THE JUAN MACLEAN with DUCHESS SAYS and TIM SWEENEY at the Horseshoe, February 6. Tickets: $13.50. Attendance: 75. Rating: NNNN

Rating: NNNN


There was a moment during the Duchess Says set when Juan MacLean kept glancing over his shoulder, anxiously surveying the crowd. It was as if you could read his mind. He was either thinking, “Gee, these Duchess cats are pretty good,” or, more likely, “Where the fuck is everyone?”

Monday night shows are a tough sell. Snow flurries and piercing winds certainly didn’t help, but the feeble attendance was still baffling. MacLean’s Less Than Human placed well on January critics’ lists, and his label, DFA, currently reigns in the electro-indie world. Plus, his last Toronto show was in a jammed Kool Haus, opening for LCD Soundsystem. So what gives?

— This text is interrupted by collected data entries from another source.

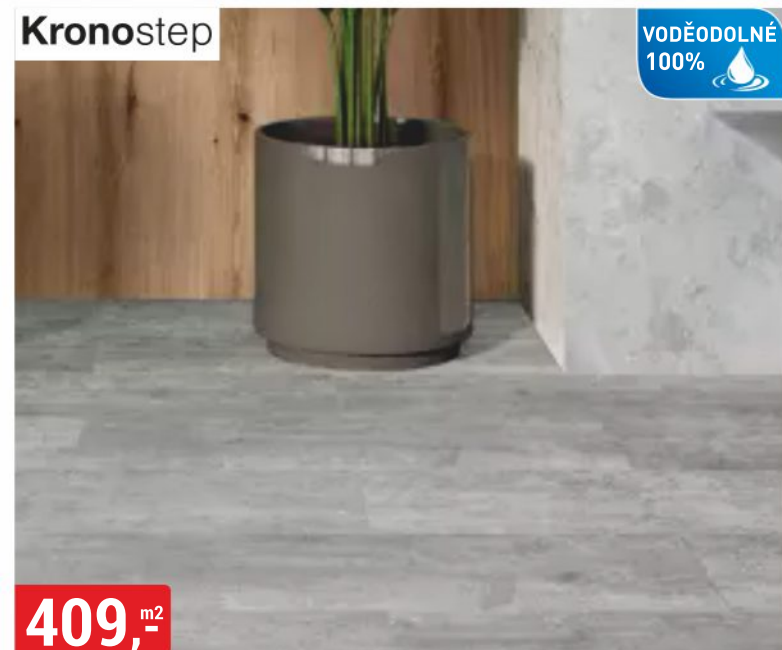

Kronostep

VODĚODOLNÉ  
100%

399,-<sup>m2</sup>

VINYLOVÁ PODLAHA SPC DUB FLAMENCO  
4 mm, v-spára, třída zátěže 32, široká deska

Kronostep

VODĚODOLNÉ  
100%

399,-<sup>m2</sup>

VINYLOVA PODLAHA SPC TOBACO FLOWER OAK  
4 +1 mm IXPE, v-spára, třída zátěže 32

Don’t ask DFA affiliate Tim Sweeney , who faced the daunting task of warming up a barren dance floor while incongruously stationed in the shadows of stage gear. Still, he persevered, seamlessly mixing a banging set of obscure disco and four-on-the-floor remixes, but sadly, his record crate became little more than the soundtrack to a smoke break. It was a dance-floor opportunity squandered, as anyone who witnessed his and DFA producer Tim Goldsworthy’s destruction of Supermarket last April can attest.

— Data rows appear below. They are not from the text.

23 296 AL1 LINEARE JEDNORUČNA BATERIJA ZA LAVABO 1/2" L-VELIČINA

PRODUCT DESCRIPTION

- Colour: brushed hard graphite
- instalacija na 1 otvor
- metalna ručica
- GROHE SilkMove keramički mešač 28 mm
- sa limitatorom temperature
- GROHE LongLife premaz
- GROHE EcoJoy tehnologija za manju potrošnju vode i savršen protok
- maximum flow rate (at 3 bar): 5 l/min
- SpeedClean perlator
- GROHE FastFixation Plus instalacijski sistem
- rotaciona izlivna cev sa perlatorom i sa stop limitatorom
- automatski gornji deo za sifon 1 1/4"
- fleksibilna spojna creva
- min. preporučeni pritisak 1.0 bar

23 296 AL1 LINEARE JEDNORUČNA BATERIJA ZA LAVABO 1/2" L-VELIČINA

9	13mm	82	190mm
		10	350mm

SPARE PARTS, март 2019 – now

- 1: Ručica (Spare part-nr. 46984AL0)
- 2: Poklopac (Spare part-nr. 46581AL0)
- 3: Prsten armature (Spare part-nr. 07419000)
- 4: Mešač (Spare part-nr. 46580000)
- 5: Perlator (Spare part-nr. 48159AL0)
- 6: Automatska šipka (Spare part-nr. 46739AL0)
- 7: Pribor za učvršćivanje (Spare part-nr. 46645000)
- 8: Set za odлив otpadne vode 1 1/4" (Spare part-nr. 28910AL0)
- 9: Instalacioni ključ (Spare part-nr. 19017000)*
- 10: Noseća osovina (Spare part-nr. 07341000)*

Duchess Says fared a bit better, except that instead of playing to the sound man, the four-piece rocked to what could only be described as a small army of mannequins. The crowd’s limp energy was reciprocated by the Montreal Moog rockers, who’d thrown down a much livelier performance at the Boat only two weeks earlier.

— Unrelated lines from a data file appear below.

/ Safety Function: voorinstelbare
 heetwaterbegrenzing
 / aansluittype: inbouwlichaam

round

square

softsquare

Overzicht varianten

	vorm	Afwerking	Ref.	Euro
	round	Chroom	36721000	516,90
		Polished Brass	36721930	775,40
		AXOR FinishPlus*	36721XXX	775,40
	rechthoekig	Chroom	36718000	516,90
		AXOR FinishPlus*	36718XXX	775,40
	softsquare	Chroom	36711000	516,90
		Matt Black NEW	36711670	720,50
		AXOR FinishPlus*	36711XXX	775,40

Singer A-Claude summoned a few Iggy demons, crawling on all fours, moaning and hissing to songs like Cut Up. Her crouched position put the focus on the band, which seemed aloof. But if ever there was a reason to be in a half-empty tavern on a winter Monday night, the Juan MacLean (aka John MacLean ) gave it to us. Looking like a bug-eyed Bruce Willis, JM immediately lit a fire under the self-conscious handful on the floor. When the glitchy intro from AD 2003 subsided into a slammin’ big-room house beat from Shining Skinned Friend, the crowd thawed and the room belonged to MacLean.

Keeping his pace unrelenting, the twitchy ex-Six Finger Satellite guitarist tweaked his dials and wailed into his mic on a Nancy Whang-less version of Tito’s Way and a screamier interpretation of Give Me Every Little Thing. Flanked by a drummer, electronic percussionist/knob-twiddler and a keytar-playing theremin master, the mostly muted MacLean spoke only to inform spectators that he hadn’t slept in three days.

Unlike, say, the unfortunate city who dozed on this Juan.